==== Supplied material ====
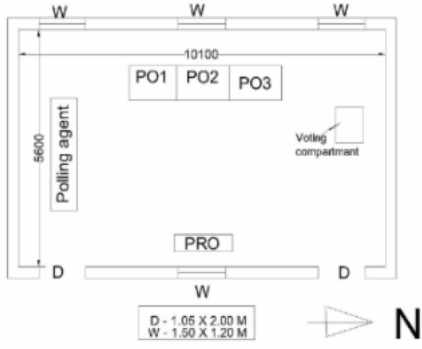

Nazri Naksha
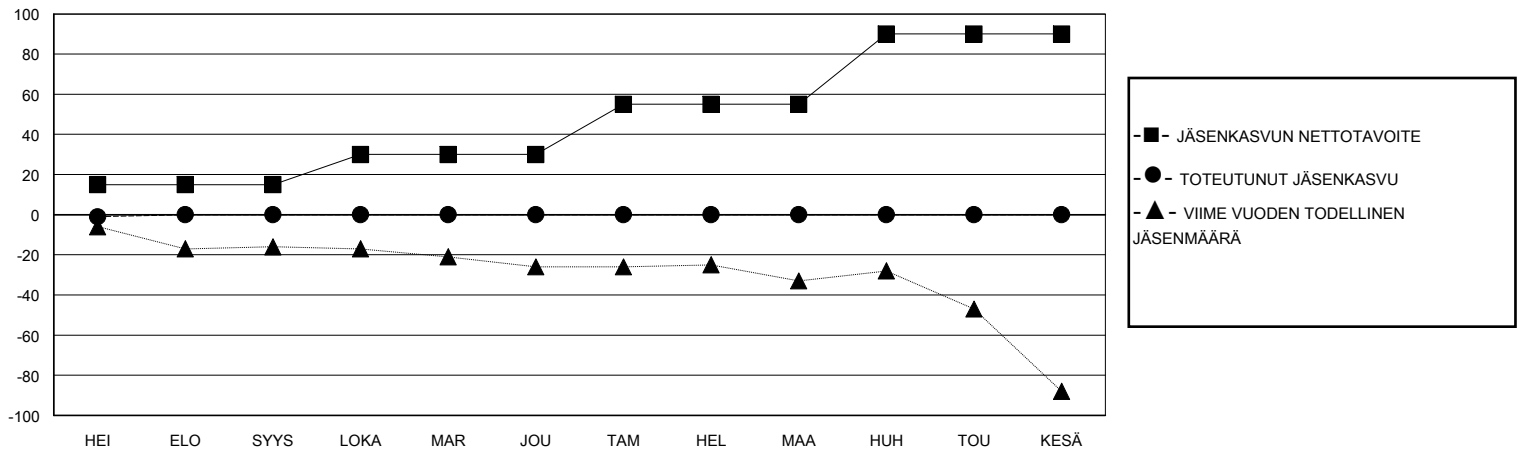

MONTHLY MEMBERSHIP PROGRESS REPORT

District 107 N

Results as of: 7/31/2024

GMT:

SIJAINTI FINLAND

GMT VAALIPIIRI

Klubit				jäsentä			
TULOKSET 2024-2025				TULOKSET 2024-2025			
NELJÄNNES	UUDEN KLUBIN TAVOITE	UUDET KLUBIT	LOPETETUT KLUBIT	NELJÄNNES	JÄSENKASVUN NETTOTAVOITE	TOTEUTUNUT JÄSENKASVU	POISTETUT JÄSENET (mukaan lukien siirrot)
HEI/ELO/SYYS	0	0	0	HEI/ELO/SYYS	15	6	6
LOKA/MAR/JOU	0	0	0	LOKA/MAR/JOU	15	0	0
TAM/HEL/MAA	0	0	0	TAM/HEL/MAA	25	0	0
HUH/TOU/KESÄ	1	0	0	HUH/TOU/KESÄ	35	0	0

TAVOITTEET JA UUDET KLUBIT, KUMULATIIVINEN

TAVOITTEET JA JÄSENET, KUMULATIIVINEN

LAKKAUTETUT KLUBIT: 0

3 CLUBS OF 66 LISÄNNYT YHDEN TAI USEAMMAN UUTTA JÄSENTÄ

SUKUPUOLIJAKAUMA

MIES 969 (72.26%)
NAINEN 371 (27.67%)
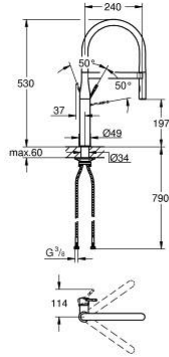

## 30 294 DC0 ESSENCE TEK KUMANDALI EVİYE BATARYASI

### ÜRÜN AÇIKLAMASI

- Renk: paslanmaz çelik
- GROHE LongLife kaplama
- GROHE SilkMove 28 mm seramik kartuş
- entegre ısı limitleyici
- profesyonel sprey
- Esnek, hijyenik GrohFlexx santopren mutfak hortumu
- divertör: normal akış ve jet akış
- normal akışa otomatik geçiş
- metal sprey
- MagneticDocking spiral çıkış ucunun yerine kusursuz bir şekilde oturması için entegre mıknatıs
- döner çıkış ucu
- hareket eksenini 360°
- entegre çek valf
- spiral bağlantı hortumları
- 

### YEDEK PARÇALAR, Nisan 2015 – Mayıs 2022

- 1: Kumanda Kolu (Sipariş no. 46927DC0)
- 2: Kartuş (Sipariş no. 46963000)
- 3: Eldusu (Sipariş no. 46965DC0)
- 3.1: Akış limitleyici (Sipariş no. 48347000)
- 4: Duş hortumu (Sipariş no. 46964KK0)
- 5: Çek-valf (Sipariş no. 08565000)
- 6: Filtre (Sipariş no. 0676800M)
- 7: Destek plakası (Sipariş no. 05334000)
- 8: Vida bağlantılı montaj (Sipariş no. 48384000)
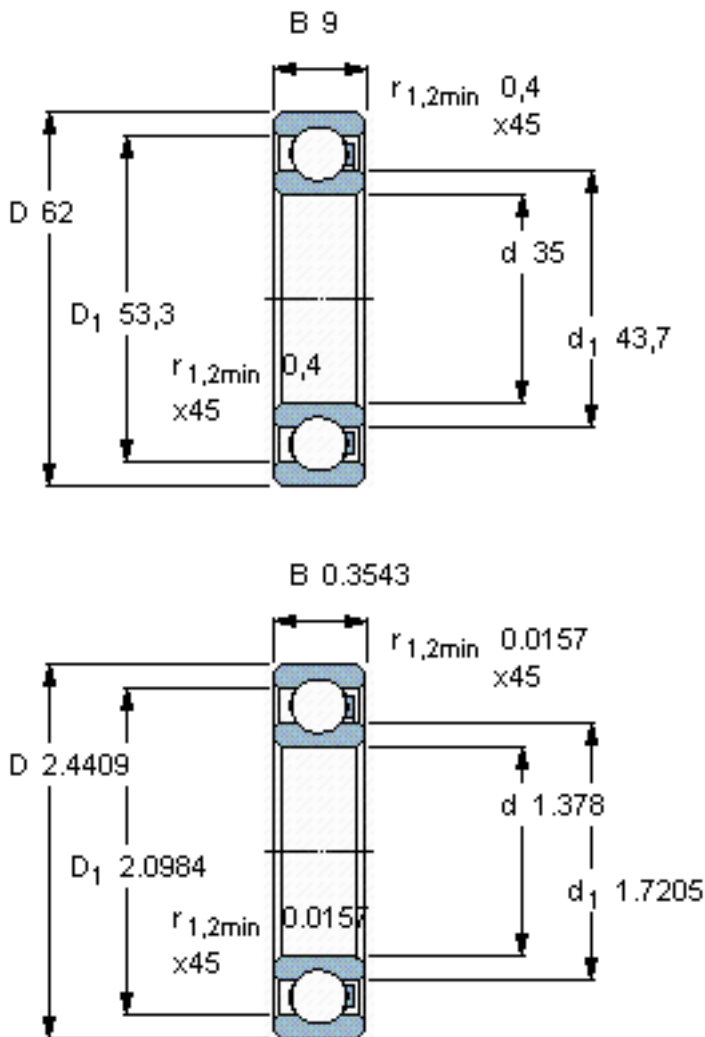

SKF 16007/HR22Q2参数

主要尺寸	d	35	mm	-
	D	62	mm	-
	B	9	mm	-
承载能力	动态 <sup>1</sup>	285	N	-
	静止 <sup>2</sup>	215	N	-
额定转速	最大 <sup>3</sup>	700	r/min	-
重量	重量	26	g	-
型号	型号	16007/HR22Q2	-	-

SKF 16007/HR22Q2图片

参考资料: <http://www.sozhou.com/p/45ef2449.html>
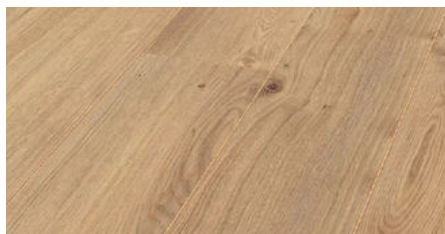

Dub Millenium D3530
====
▸ What the task asks
The copy must begin with the line containing "- MagneticDocking spiral", end with the last line of the material, match each line exactly, and hold no pictures.

▸ Your response
- MagneticDocking spiral çıkış ucunun yerine kusursuz bir şekilde oturması için entegre mıknatıs
- döner çıkış ucu
- hareket eksenini 360°
- entegre çek valf
- spiral bağlantı hortumları
- 

### YEDEK PARÇALAR, Nisan 2015 – Mayıs 2022

- 1: Kumanda Kolu (Sipariş no. 46927DC0)
- 2: Kartuş (Sipariş no. 46963000)
- 3: Eldusu (Sipariş no. 46965DC0)
- 3.1: Akış limitleyici (Sipariş no. 48347000)
- 4: Duş hortumu (Sipariş no. 46964KK0)
- 5: Çek-valf (Sipariş no. 08565000)
- 6: Filtre (Sipariş no. 0676800M)
- 7: Destek plakası (Sipariş no. 05334000)
- 8: Vida bağlantılı montaj (Sipariş no. 48384000)

SKF 16007/HR22Q2参数

主要尺寸	d	35	mm	-
	D	62	mm	-
	B	9	mm	-
承载能力	动态 <sup>1</sup>	285	N	-
	静止 <sup>2</sup>	215	N	-
额定转速	最大 <sup>3</sup>	700	r/min	-
重量	重量	26	g	-
型号	型号	16007/HR22Q2	-	-

SKF 16007/HR22Q2图片

参考资料: <http://www.sozhou.com/p/45ef2449.html>

Dub Millenium D3530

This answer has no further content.